British test pilot (1899–1955)

Harry Methuen Schofield (November 1899 – December 1955) was a British test pilot who participated in the Schneider Trophy competition in 1927, and who won the King's Cup Air Race in 1934.

Harry Schofield was born in Battersea, and educated at secondary school there. In 1917, he started his career in the Royal Naval Air Service, that in April 1918 merged with the Royal Flying Corps to form the Royal Air Force. He served with distinction during World War I in Italy, Albania, Salonica (Thessaloniki), Mudros and Malta. Demobbed at the end of the war, Schofield spent four years building church organs before rejoining the RAF, in which he served as a flying instructor with No. 24 Squadron.

In 1927, he was one of five pilots chosen to represent the United Kingdom in the Schneider Trophy speed competition for seaplanes, held that year at Venice, Italy. On 11 September 1927, he crashed in the practice aircraft, Short Crusader (N226). The primary cause was later determined to be crossed aileron controls during its reassembly at Venice. On 1 November 1929, he was promoted from Flying Officer to Flight Lieutenant.
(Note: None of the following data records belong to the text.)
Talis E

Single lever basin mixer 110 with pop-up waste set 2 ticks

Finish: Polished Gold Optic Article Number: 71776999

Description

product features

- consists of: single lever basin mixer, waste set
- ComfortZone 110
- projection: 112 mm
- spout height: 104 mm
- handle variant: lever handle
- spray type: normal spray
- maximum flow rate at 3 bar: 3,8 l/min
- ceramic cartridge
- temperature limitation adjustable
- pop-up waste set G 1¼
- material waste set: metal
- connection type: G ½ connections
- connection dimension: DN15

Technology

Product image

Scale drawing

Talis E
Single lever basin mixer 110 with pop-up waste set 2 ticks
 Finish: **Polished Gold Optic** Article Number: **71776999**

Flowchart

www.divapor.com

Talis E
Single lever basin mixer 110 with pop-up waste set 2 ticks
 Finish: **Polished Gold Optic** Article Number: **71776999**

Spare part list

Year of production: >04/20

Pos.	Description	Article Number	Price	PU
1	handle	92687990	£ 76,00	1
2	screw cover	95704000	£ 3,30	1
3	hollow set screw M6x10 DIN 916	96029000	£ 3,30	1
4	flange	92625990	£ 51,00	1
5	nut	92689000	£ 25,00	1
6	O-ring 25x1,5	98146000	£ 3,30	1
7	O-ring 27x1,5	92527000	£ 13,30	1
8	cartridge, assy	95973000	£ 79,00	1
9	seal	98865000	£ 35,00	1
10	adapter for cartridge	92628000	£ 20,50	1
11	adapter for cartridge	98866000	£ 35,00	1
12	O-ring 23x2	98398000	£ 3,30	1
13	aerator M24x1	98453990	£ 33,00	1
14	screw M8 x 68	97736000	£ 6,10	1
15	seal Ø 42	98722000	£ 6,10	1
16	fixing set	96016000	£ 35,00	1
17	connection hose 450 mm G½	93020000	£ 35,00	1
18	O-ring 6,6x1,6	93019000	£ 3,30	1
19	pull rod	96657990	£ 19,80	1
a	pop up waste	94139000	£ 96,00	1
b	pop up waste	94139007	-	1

After leaving the RAF, he continued as an RAF Reserve pilot (at least until 1937), and continued to be referred to in public as Flt Lt H.M. Schofield.)

He served as chief pilot with General Aircraft Ltd, that had been formed in 1931 to produce the aircraft designed by Helmut J Stieger, head of the associated firm Mono-Spar Company Ltd. In May 1932, at Croydon Aerodrome, Schofield piloted the maiden flight of the prototype (G-ABUZ) of the Monospar ST-4, the company's first aircraft designed for production and sale. In March 1934, he was appointed Director and General Manager of General Aircraft Ltd.
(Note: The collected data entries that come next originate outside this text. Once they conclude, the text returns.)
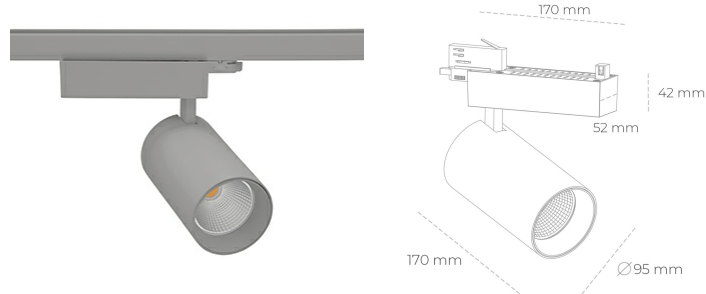

SPOTLIGHT SNIPER N 957 21W 45° GREY SPECIAL ON/OFF

Article number: N015-K0001-CC957-H7-N45-ZA02_550-S4-###

LED	COB
Light colour	5700 [K] SPECIAL
CRI	90
Led chip flux	2788 [lm]
Luminous flux	2230 [lm]
System power	21 [W]
Luminaire Efficiency	106 [lm/W]
Beam angle	45°
Controller	ON/OFF
MacAdam	3 SDCM

Spotlight LED

Track mounted LED spotlight. Aluminium housing. Ceiling base installation possible. Available in white, black and grey. Any RAL palette colour available on enquiry. Reflector beams available: 15° 30° and 45° . Maximum power is 30W

LUMINAIRE

Weight	1.33 [kg]
Protection rating IP , IK , class	IP 20, IK 3,
Luminaire colour	GREY
Cover	Glass
Operating voltage	220-240V 50-60Hz

Note: All data are typical values. Tolerance of measurements +/-10%
System features may change with product improvements due to technical advances.
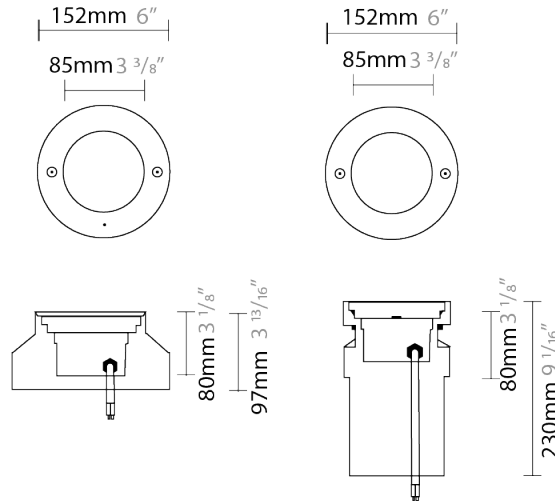

E91633-

base number Lens
Options

1. To build a product code in our configurator select the specify button on the base model # product page
2. To build a manual product code on this datasheet choose from the options listed below in blue font and add the suffix to the base model #

GENERAL

Series: Mini
Subseries: Mini Full Inox
Brand: Platek
Division: Exterior
Mounting Type: Recessed
Mounting Location: In-Ground
Subcategory: Drive Over

PHYSICAL

Shape: Round
Diameter (mm): 152
Diameter (in): 6
Height (mm): 80
Height (in): 3 1/8
Light Distribution: Uplight
Load Resistance (kg): 2500
Load Resistance (lbs): 5511
Installation Requirement: Installation in sleeve set in concrete with a 20-30 cm gravel drain bed
Screws: A4 stainless steel
Diffuser: Extra Clear Flat Tempered Glass - 15mm / 15/32"
Fixture Finish: SST
Fixture Material: Stainless Steel
Cable Details: Supplied with 1 power cable 0.5m in length

ELECTRICAL

Lamp Type: LED
Total Output Wattage (W): 11.5
Dimming: Bluetooth technology or DMX
Control Gear: DMX
Driver Included: No
Driver Location: Remote
Driver Type: Constant Current - Universal
Input Voltage (V): 120 - 277
Constant Current (MA): 500

LED

Number of LEDs: 8
Color Temperature (°K): RGBW
CRI: >80 CRI
Lamp Life (hrs): 60000
Special LEDs offerings: RGBW

OPTICAL

Optic: 9 / 28 / 44

RATINGS AND CERTIFICATIONS

Certified By: Certified for North American Standards
IP rating: IP68
IK Rating: IK10

Housing
L9A08800

Housing
L9A08800

On 14 July 1934, he won the King's Cup Race at Hatfield Aerodrome in a GAL Monospar ST-10 (G-ACTS). In October 1934, he was appointed Director and General Manager of a new company, General Aircraft Limited (GAL), that combined the functions of the two earlier companies. On 16 Nov 1935, he piloted the maiden flight of the GAL Monospar ST-18 at Hanworth Aerodrome.
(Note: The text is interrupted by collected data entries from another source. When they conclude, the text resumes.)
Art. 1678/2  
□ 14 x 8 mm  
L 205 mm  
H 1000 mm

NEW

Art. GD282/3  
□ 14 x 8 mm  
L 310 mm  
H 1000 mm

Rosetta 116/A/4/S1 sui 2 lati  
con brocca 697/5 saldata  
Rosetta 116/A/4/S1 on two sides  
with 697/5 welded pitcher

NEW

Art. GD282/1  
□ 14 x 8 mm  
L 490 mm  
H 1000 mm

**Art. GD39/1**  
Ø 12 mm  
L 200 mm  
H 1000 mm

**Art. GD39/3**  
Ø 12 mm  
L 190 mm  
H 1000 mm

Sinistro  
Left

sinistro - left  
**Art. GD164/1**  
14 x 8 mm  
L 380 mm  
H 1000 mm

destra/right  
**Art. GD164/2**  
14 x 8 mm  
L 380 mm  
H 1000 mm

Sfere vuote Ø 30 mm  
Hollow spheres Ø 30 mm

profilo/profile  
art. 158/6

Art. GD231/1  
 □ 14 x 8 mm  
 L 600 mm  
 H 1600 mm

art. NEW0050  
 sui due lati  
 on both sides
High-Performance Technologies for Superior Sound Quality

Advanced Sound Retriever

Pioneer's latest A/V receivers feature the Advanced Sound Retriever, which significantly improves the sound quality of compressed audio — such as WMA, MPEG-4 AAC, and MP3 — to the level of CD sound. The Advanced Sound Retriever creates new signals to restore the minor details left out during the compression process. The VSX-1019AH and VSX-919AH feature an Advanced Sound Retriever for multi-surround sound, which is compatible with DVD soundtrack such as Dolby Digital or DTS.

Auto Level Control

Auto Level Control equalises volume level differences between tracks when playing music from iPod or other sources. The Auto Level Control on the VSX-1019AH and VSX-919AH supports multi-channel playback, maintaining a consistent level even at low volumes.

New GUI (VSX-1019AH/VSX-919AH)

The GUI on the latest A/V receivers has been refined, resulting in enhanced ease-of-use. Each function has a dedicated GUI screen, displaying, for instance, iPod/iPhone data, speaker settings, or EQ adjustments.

Schofield published two books, one co-written with Biggles author W.E. Johns, finally giving up flying as a result of several serious head injuries sustained throughout his flying career. Married with four children, Schofield turned to farming during World War II, before suffering a massive stroke from which he never fully recovered. He was cremated at Putney Vale Crematorium.